I knew I had to wait until my freshman year of college to try out these new braid styles. I couldn’t walk downstairs in my mom’s house and say SURPRISE!! Do you like my green box braids?? That probably would’ve sent her to an early grave tbh.
I dropped hints here and there, preparing her for my new hair debut, and then one afternoon I did it. I WENT GRAY!!!!
It felt like I was a phoenix reborn. Old, never-took-a-risk, scared Gabrielle was a thing of the past while a new, bad-ass Gabby took her place. I sent a picture to my mom, enthusiastic about the possibility of her liking it. Instead, she said I looked like a little ol’ grannie and gray did not flatter my skin-tone whatsoever. I was crushed of course but looking back, I should’ve expected this outcome.
My mom was raised and rooted in the Haitian-Catholic values of not changing one’s body and embracing what god had gave them. Also she has a conservative type of style and she has never seen me do anything drastic to my hair before.
My grandparents migrated from Haiti so my mom grew up in a predominately Haitian lifestyle. My grandmother is very Catholic, so my mom was never allowed to even THINK about piercings or tattoos or changing one’s hairstyle in an eccentric way. In the Bible, Leviticus 19:28 and 1 Corinthians 6:19-20 mentions being against tattoos and body modification. So, it did not come as a shock to me to know that my mom had no inkling for some ink.
The only drastic change my mom was allowed to do was straighten her hair for special occasions. The thing is though, my mom was (and still very much is!!) a natural beauty, so she did not see nor did she feel the need to change her look to express herself.
(Look how GAWGEOUS my mom was at my age!!)
When I started to hit those wonderful, magical years of puberty (sarcasm), my mom was not rocking with my whole “it’s not a phase mom!! It’s my life!” phase. Y’all know what phase I am talking about. The one where you want to cut your hair short and dye it pink just because you think it will make you “cool” or “edgy.” She wanted me to grow up loving god, loving the bible, and loving myself like in verses 1 Peter 3:3-4. Which is not always a bad thing but when you are trying to find a way to express who you are, it is hard to also follow the word of the lord and the word of your heart.

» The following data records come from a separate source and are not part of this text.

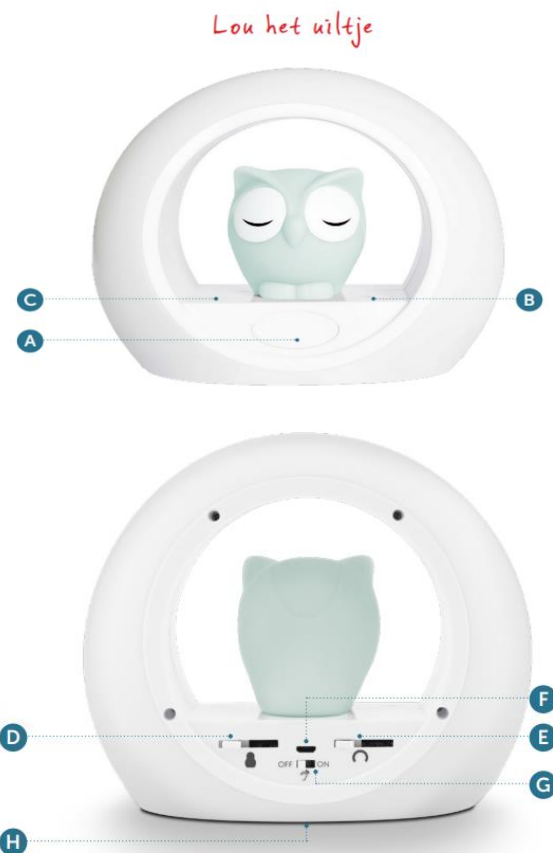

1. Naam van het product

Nachtlampje - Lou de uil

2. Product code

53030820

3. Kleur

Wit met grijs

4. Korte omschrijving

Is jouw kind of cliënt bang in het donker? Onze Lou kan helpen om het donker weg te jagen. Met zijn twee lampjes, instelbare helderheid, kan ze naar wens worden ingesteld. Activeer de timers om een of beide lampen automatisch uit te schakelen. De huilsensor zorgt ervoor dat het licht weer aangaat wanneer je kind s nachts wakker wordt. Geactiveerd door geluid.

5. Inhoud

Nachtlampje – Lou de uil

USB-kabel ingang: 5V-500mA

6. In gebruik nemen

Plaats 3x AA batterij (niet inbegrepen). Gebruik alleen alkalinebatterijen, geen zinkkoolstof

- (A) AAN/UIT knop
- (B) RING knop,
Druk 1x AAN/UIT
Druk 2 sec. indrukken: timer 30 min., het licht knippert
wanneer de timer is geactiveerd.
- (C) UIL knop
Druk 1x AAN/UIT
Druk 2 sec. indrukken: timer 60 min., het licht knippert
wanneer de timer is geactiveerd.

- (D) Helderheid UIL
- (E) Helderheid RING
- (F) Micro USB poort
- (G) Huil sensor AAN/UIT: wanneer kindje gaat huilen, gaat
het uiltje automatisch 2 min AAN.
- (H) Batterij vakje: 3x AA

Bekijk het filmpje ter verduidelijking hieronder:
<https://www.youtube.com/watch?v=KlUo7HroM9U>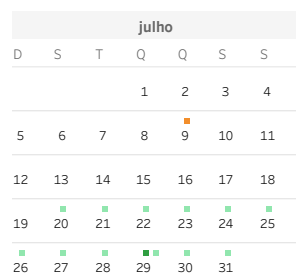

Visualizar apenas dias letivos

Visualização de mês a mês

Visualização na vertical

Selecione o *Campus*  
Concórdia

Selecione o nível  
Técnico Integrado

### Legenda

- Sábado letivo
- Feriado
- Ponto Facultativo
- Recesso Acadêmico
- Registro Acadêmico
- Início/Fim período letivo
- Conselho de Classe
- Reuniões/Eventos
- Formação e Planejamento
- Outros
- Demais dias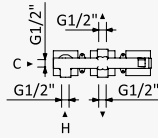

BRUMA AirEcoDrop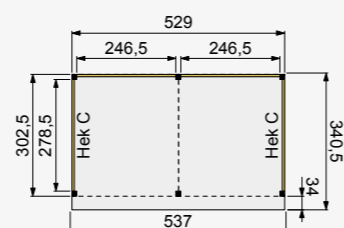

Voorbeeldsamenstelling

1x Buitenverblijf DHZ 530x300 cm, onbehandeld **W711300**
2x Wand dubbelzijdig Zweeds rabat 246,5 cm **W40950**
2x Douglas hekwerk C, onbehandeld **1009125**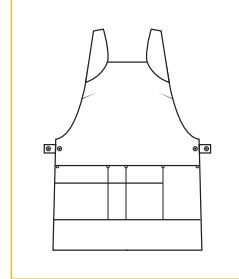

8111 pág. 42

I recently did a blonde crochet hair look and I L-O-V-E-D it so much. It took a lot within me to do it because I was afraid a lot of people would criticize my hair color choice. It is okay though, in the end (after a lot of convincing) my mom ended up loving my hair!
However, some of my other family members were a different story. They needed to become more acquainted with it, but in the end what truly matters is if I can go out and proudly wear my hair despite other people’s reservations. For my next look, I’m thinking about doing orange jumbo braids a la Teyana Taylor and I know it is going to look fly as helllllll.
In the end, it doesn’t matter what hairstyle i’m going to do because “I am not my hair, I am not my skin, I am the soul that lives within” — the gospel of India.Arie. Amen.